■ Supplied material:
--- START ---

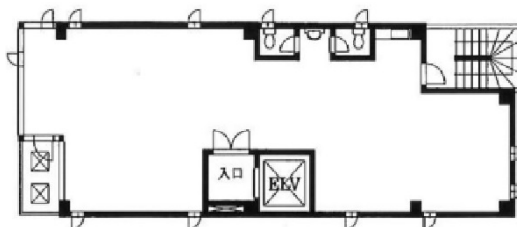

## 物件MAP

賃貸条件	
月額賃料	447,760円 (税別)
坪数	30.88坪
坪単価	14,500円 (税別)
共益費	賃料に含む
礼金	2ヶ月
敷金 (保証金)	6ヶ月
階数	2階
入居可能日	相談

ビル情報	
所在地	東京都新宿区新宿1-15-11
最寄り駅	東京メトロ丸ノ内線 新宿御苑前駅 徒歩3分 都営新宿線 新宿三丁目駅 徒歩5分 JR山手線 新宿駅 徒歩12分 東京メトロ副都心線 東新宿駅 徒歩12分
エリア	新宿・新宿御苑エリア
竣工	1987年7月
耐震	新耐震基準
階数	地上9階 地下1階
用途	店舗
構造	調査中

--- END ---

■ Your objective:
Each record should be quoted exactly, with the images omitted.

■ Expected answer:
## 物件MAP

賃貸条件	
月額賃料	447,760円 (税別)
坪数	30.88坪
坪単価	14,500円 (税別)
共益費	賃料に含む
礼金	2ヶ月
敷金 (保証金)	6ヶ月
階数	2階
入居可能日	相談

ビル情報	
所在地	東京都新宿区新宿1-15-11
最寄り駅	東京メトロ丸ノ内線 新宿御苑前駅 徒歩3分 都営新宿線 新宿三丁目駅 徒歩5分 JR山手線 新宿駅 徒歩12分 東京メトロ副都心線 東新宿駅 徒歩12分
エリア	新宿・新宿御苑エリア
竣工	1987年7月
耐震	新耐震基準
階数	地上9階 地下1階
用途	店舗
構造	調査中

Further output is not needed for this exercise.